La propiedad sigue siendo el problema
Como respuesta a las luchas agrarias lideradas por las organizaciones campesinas, indígenas y afrodescendientes, a lo largo del siglo XX y lo corrido del siglo XXI, el gobierno colombiano ha adoptado una serie de políticas que han intentado corregir los altísimos niveles de concentración de la propiedad y de informalidad en la titulación de la tierra.

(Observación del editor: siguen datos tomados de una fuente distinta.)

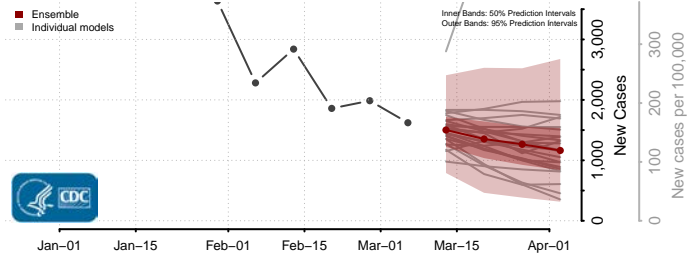

Windham County, Connecticut

Delaware*

Kent County, Delaware

New Castle County, Delaware

Sussex County, Delaware

District of Columbia

*New weekly cases may decrease in this location over the next four weeks. For these locations, the ensemble forecast indicates a probability of 0.75 or greater that fewer cases will be reported in week four of the forecast than in the last reported week.
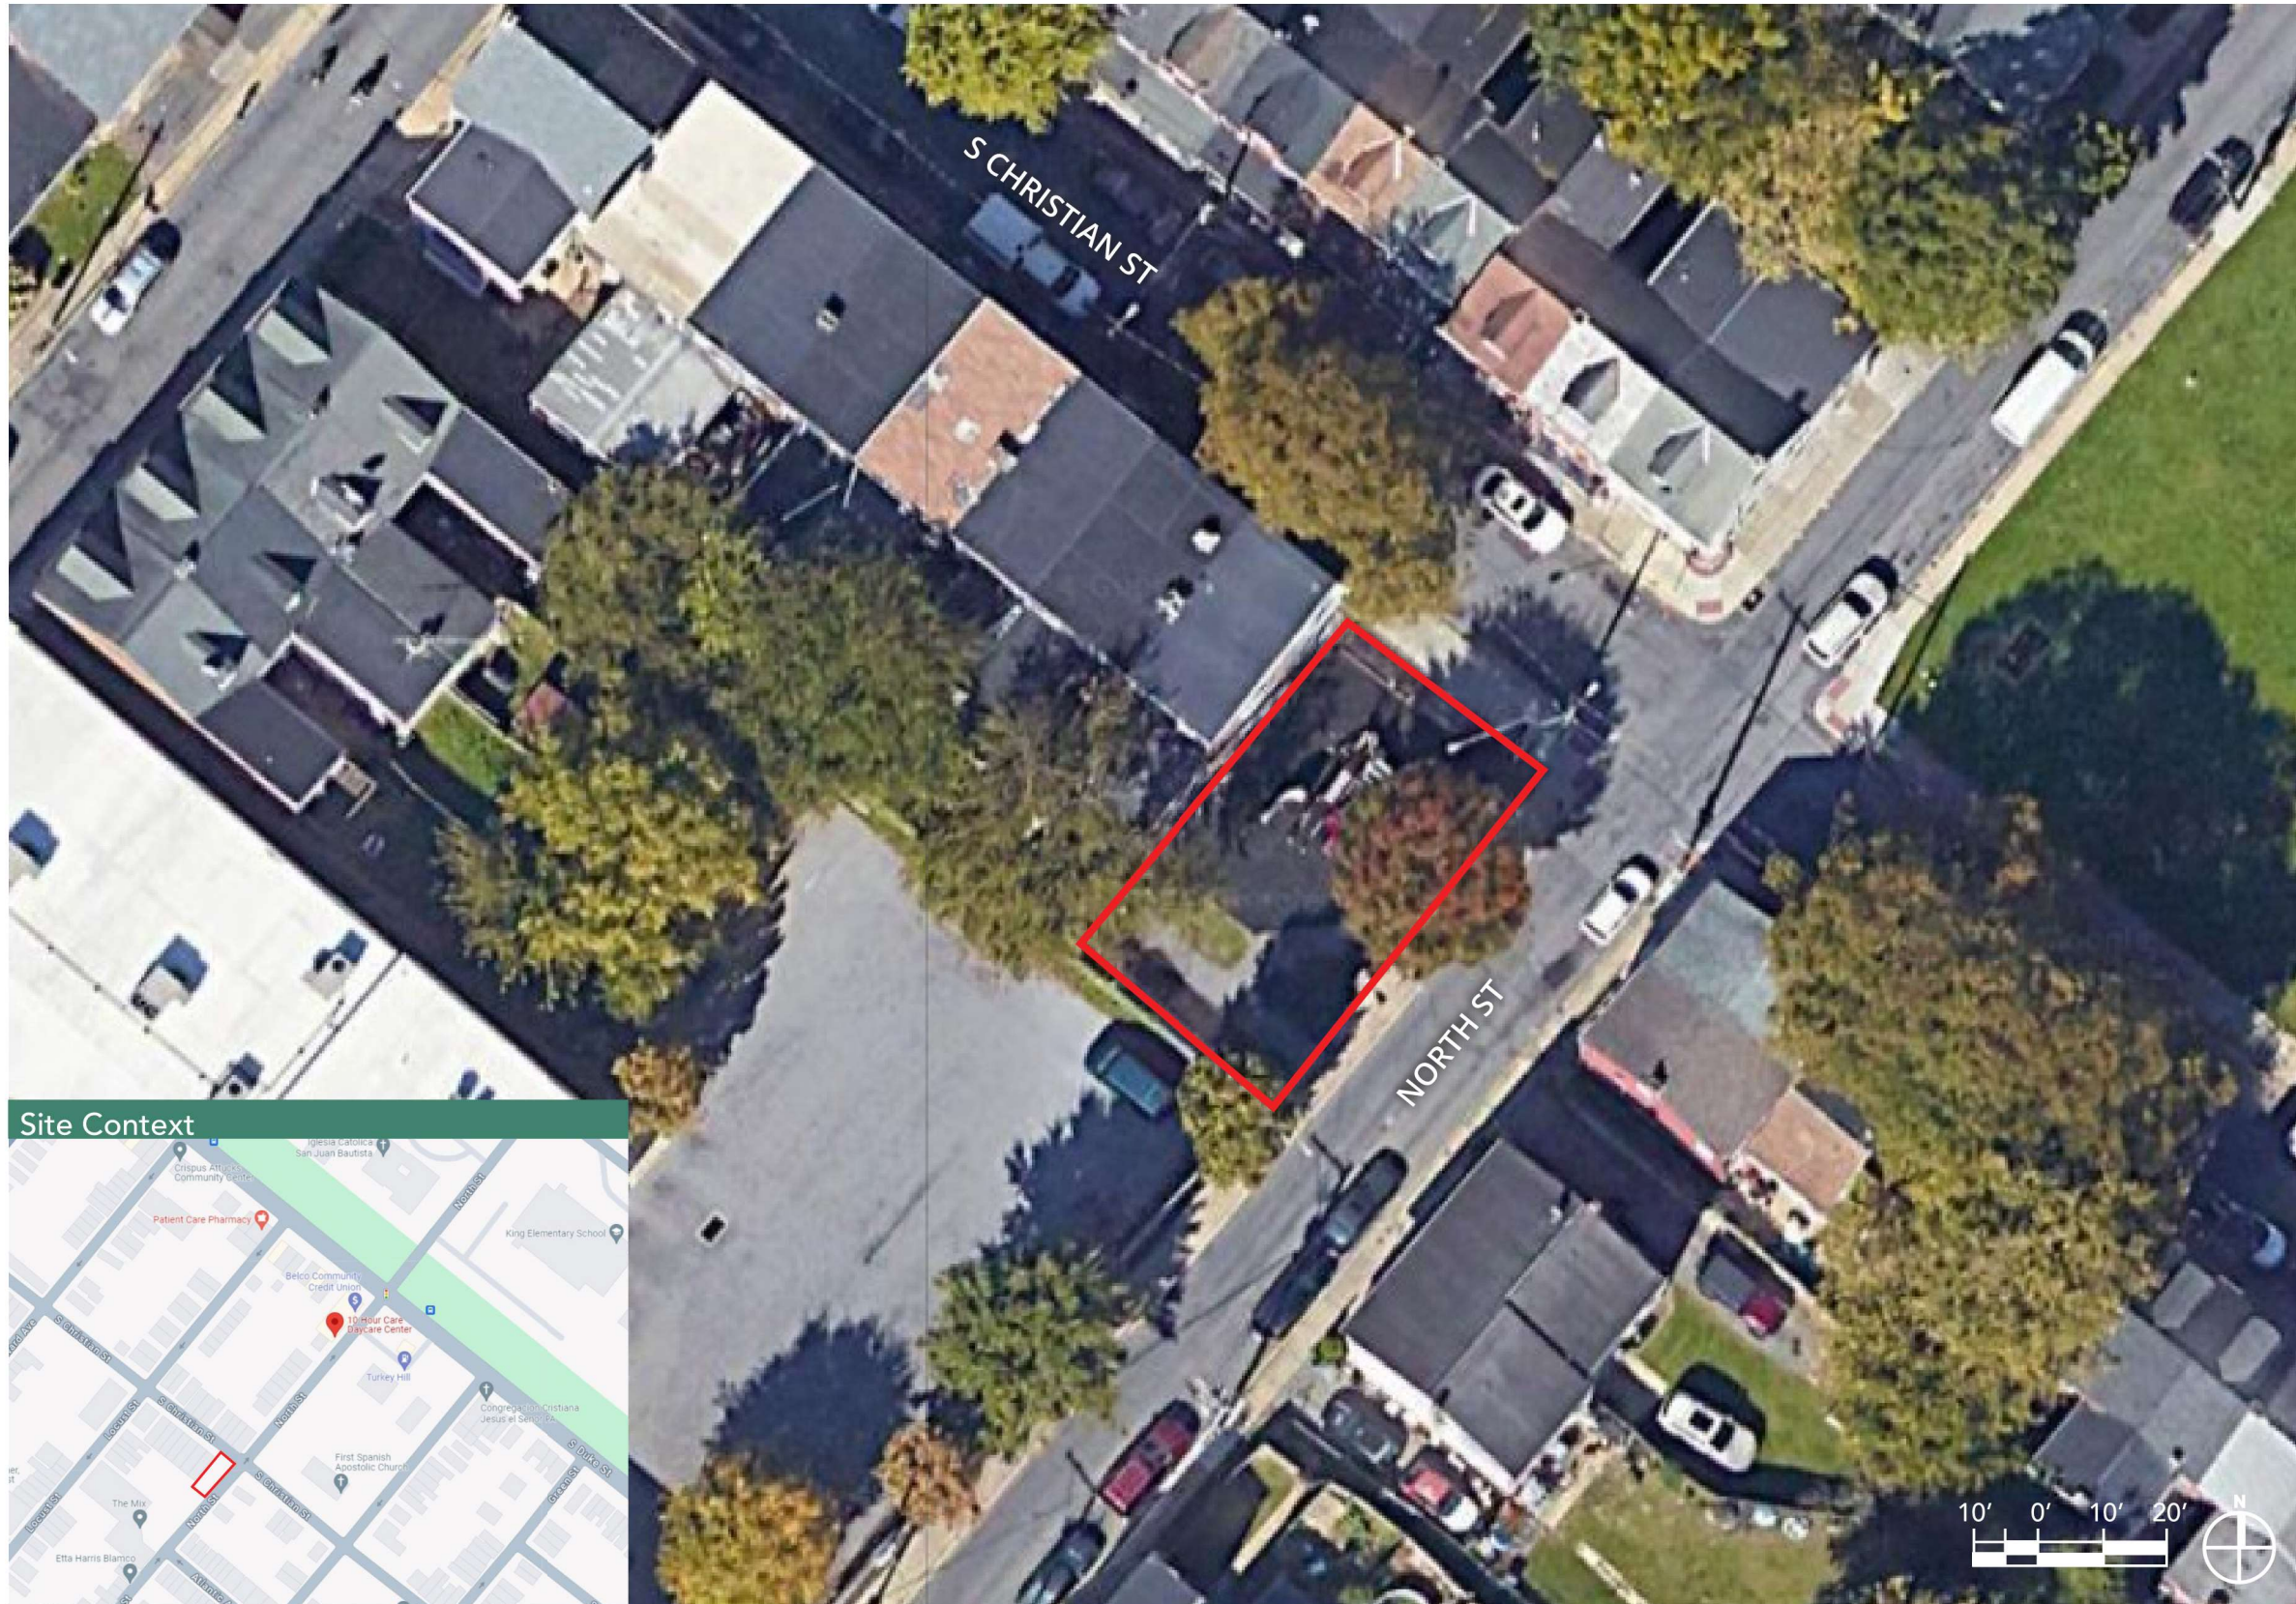

Ewell Gantz (from Google Street View)

ewell gantz park site plan

La ejecución de estas políticas ha sido lenta, difícil y discontinua. Después de las reformas se han presentado contrarreformas que reversan lo alcanzado y desatan nuevas olas de despojo, victimización y violencia.
Un ejemplo de política poco aplicada es la Reforma Rural Integral (RRI) prevista en el Acuerdo con las FARC. Este documento fijó la meta de formalizar la propiedad sobre siete millones de hectáreas y de redistribuir tres millones adicionales a través del Fondo de Tierras. Pero hasta hoy el proceso de formalización muestra un avance del 13 % y el de redistribución de apenas el 1 %.
Frente a estos resultados, no es extraño que algunos quieran esquivar el problema de la concentración y la informalidad de la propiedad de la tierra y que aboguen por soluciones como promover un “mejor uso” del suelo.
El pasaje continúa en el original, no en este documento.